Le dynamisme des opérations de sortie a entretenu l’effervescence, sinon l’euphorie du secteur tout au long de l’année. Ouverture du marché boursier, retour des industriels et abondance de la dette ont permis de renouer avec des valorisations d’avant-crise… mais uniquement pour les «happy few» !

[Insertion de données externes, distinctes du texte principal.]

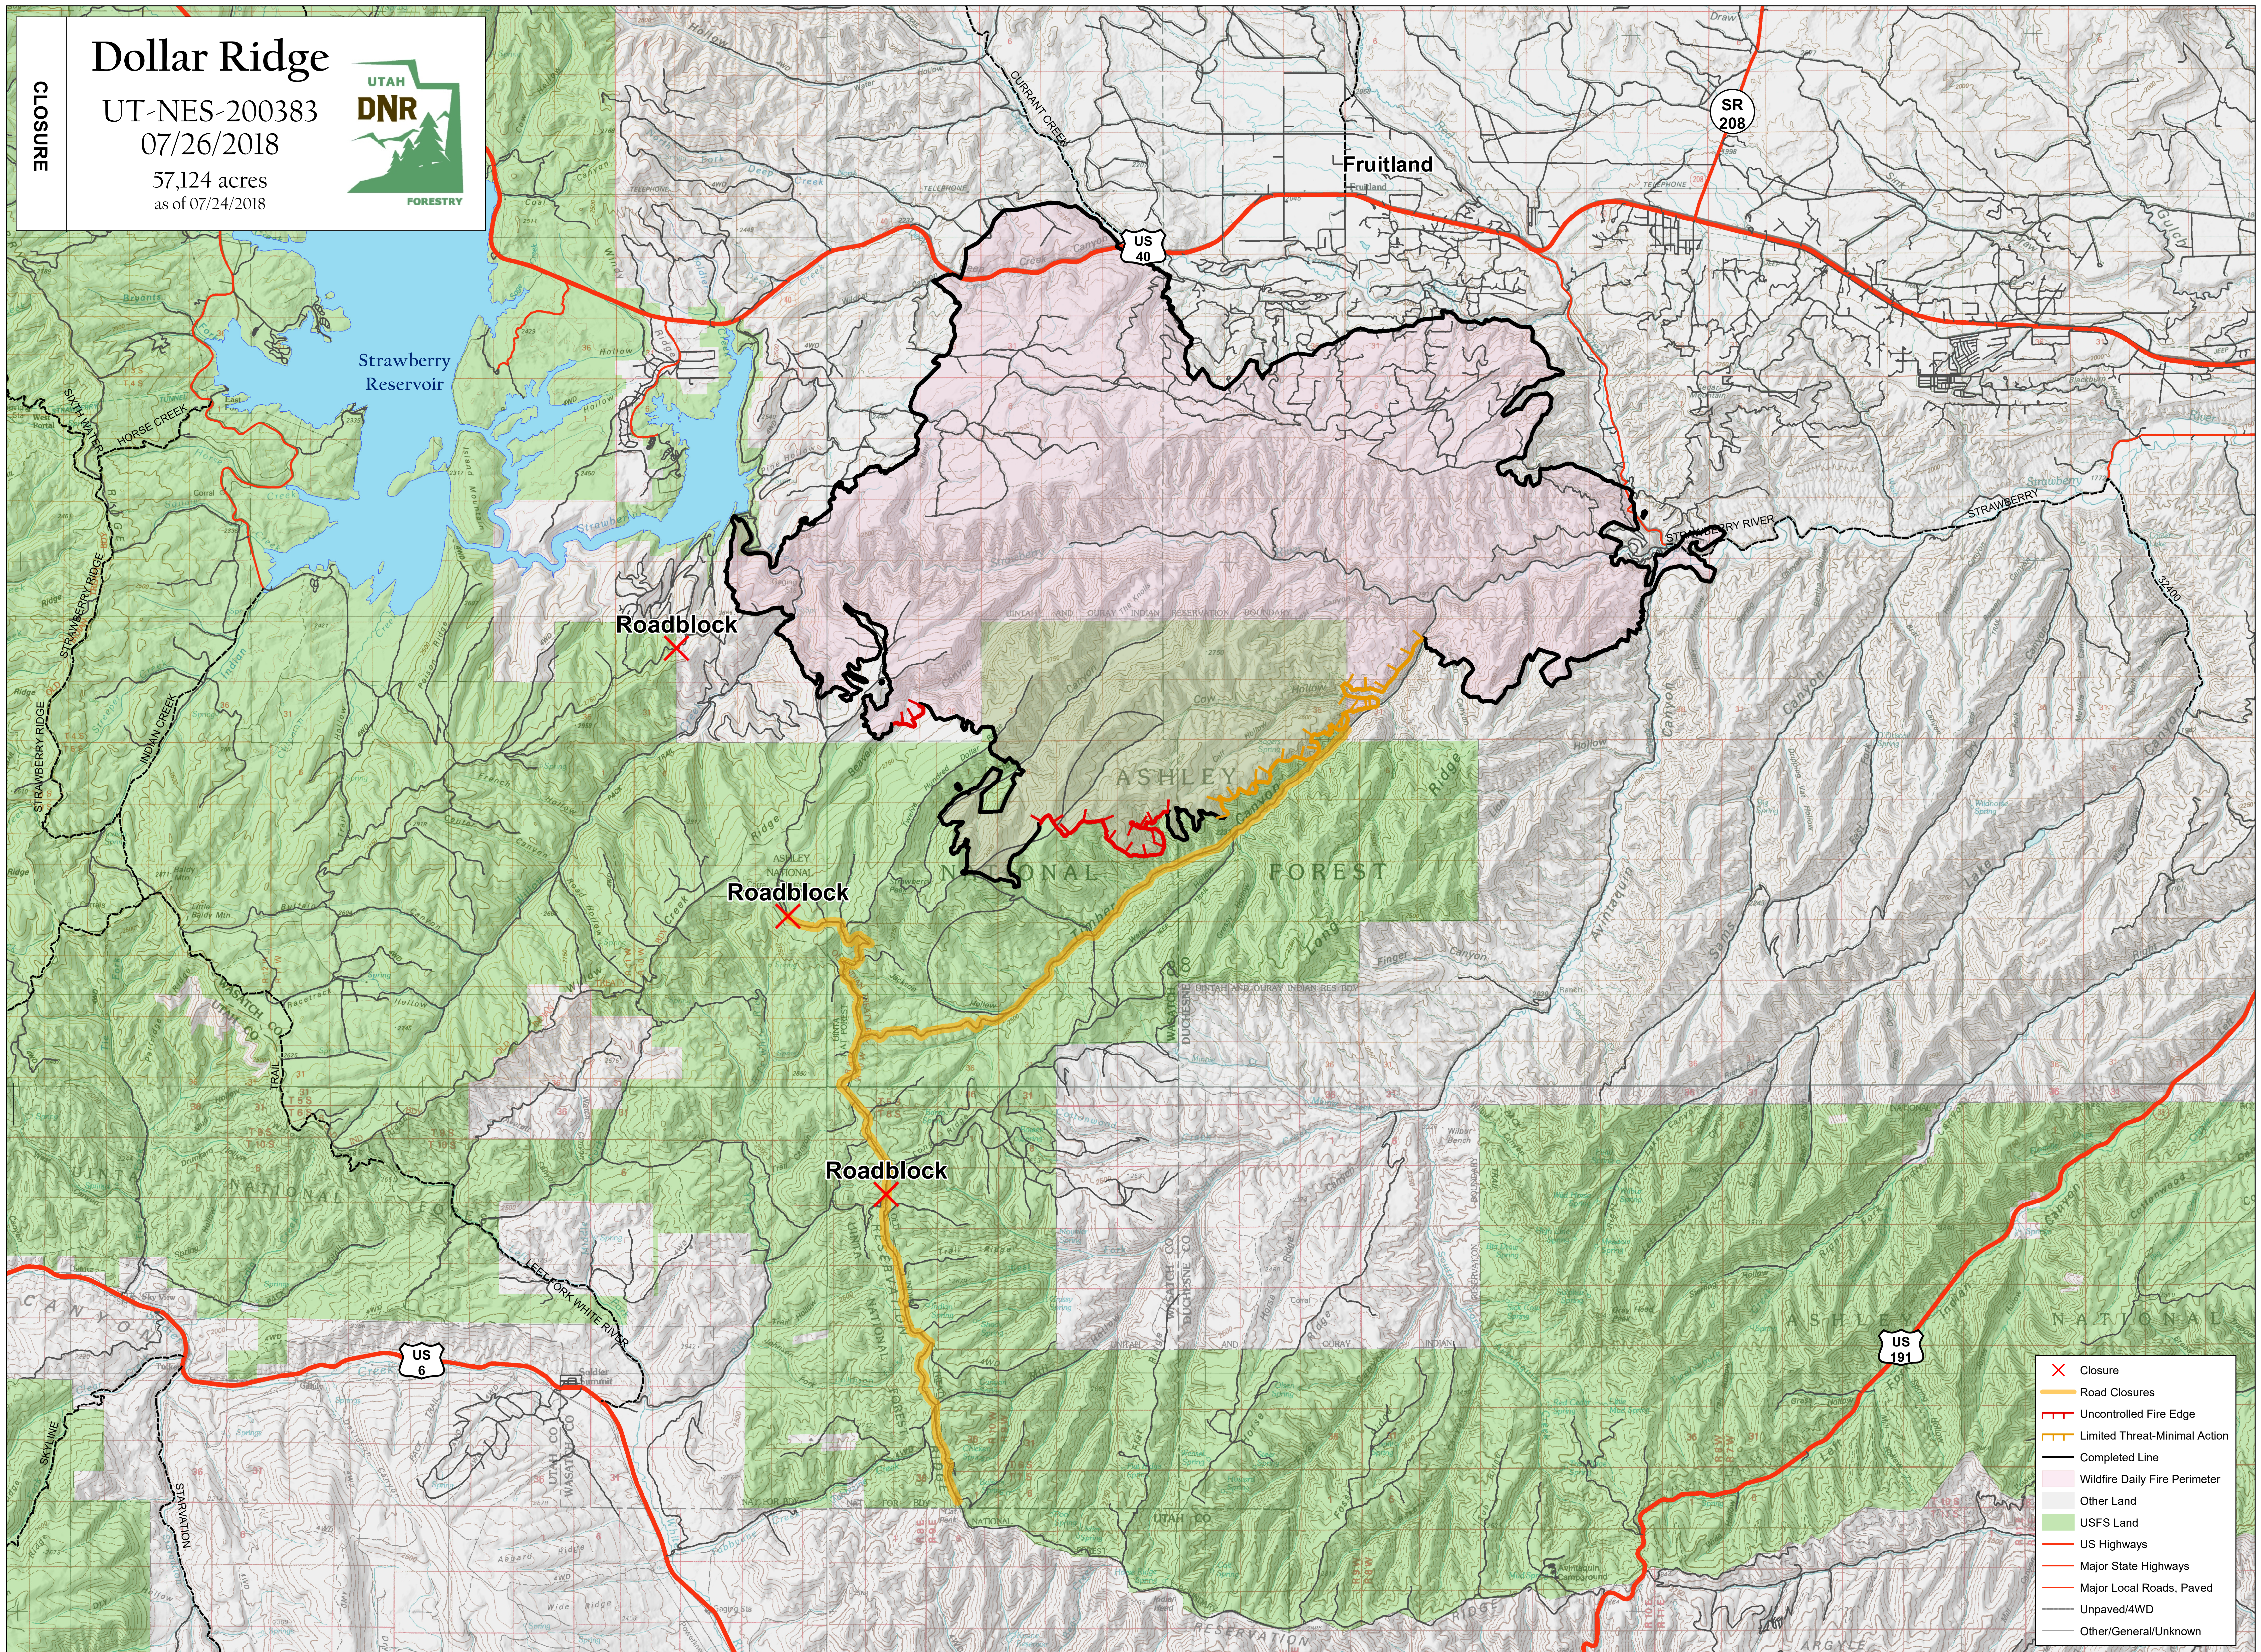

# Dollar Ridge

UT-NES-200383

07/26/2018

57,124 acres  
as of 07/24/2018

CLOSURE

Roadblock

Roadblock

Roadblock

Fruitland

Strawberry Reservoir

US 40

SR 208

US 6

US 191

- ✗ Closure
- Road Closures
- Uncontrolled Fire Edge
- Limited Threat-Minimal Action
- Completed Line
- Wildfire Daily Fire Perimeter
- Other Land
- USFS Land
- US Highways
- Major State Highways
- Major Local Roads, Paved
- Unpaved/4WD
- Other/General/Unknown

«Le marché des sorties européen renoue avec le niveau de 2007», titrait sobrement le rapport du troisième trimestre du Centre for Management Buy-Out Research (CMBOR) paru en octobre. Avec des produits de cession qui ont atteint le montant record de 80 milliards d’euros sur les trois premiers trimestres de 2014, cette année est à marquer d’une pierre blanche dans l’histoire récente du private equity. Cette euphorie s’explique principalement par la multiplication des IPO des entreprises sous LBO qui ont représenté, en valeur, près de la moitié des sorties orchestrées par les fonds d’investissement cette année. La Bourse de Paris a en effet déroulé le tapis rouge aux participations détenues par les fonds dès fin 2013. Après les IPO de Numericable (Cinven et Carlyle), Tarkett (KKR) ou encore GTT (Hellman & Friedman), Elior a aussi profité de l’ouverture de la fenêtre boursière pour renouer avec le marché, huit ans après le P-to-P orchestré par Charterhouse et Chequers. Un retour en grâce des entreprises sous LBO qui a concerné l’ensemble des places boursières européennes puisque près de la moitié des introductions en bourse en Europe au premier semestre ont été initiées par des fonds de private equity, selon les statistiques de Mergermarket. Revers de la médaille, le marché a saturé dès la fin de l’été, renouant avec une forte volatilité et stoppant net les process des candidats sur les rangs des IPO de l’automne. Spie en a fait les frais à la veille même de sa cotation, privant ses actionnaires financiers, Clayton Dubilier & Rice, Ardian et la Caisse de dépôt et de placement du Québec (CDPQ), de leur sortie partielle. Changement de calendrier, voire de programme, aussi pour Eurazeo qui espérait trouver une porte de sortie boursière pour Elis et Europcar, ainsi que 3i qui aurait aussi planché sur une IPO pour Labco. Des process d’autant plus compromis que les cours de bourse des anciennes participations du private equity ont été particulièrement chahutés, enregistrant une baisse moyenne de 2,5 % depuis le début de l’année au niveau européen selon Dealogic (20 % en France !) tandis que les cours des entreprises cotées par des actionnaires industriels progressaient, eux, de 3 %… De quoi refroidir les ardeurs des investisseurs des marchés boursiers pour les prochaines IPO orchestrées par des fonds !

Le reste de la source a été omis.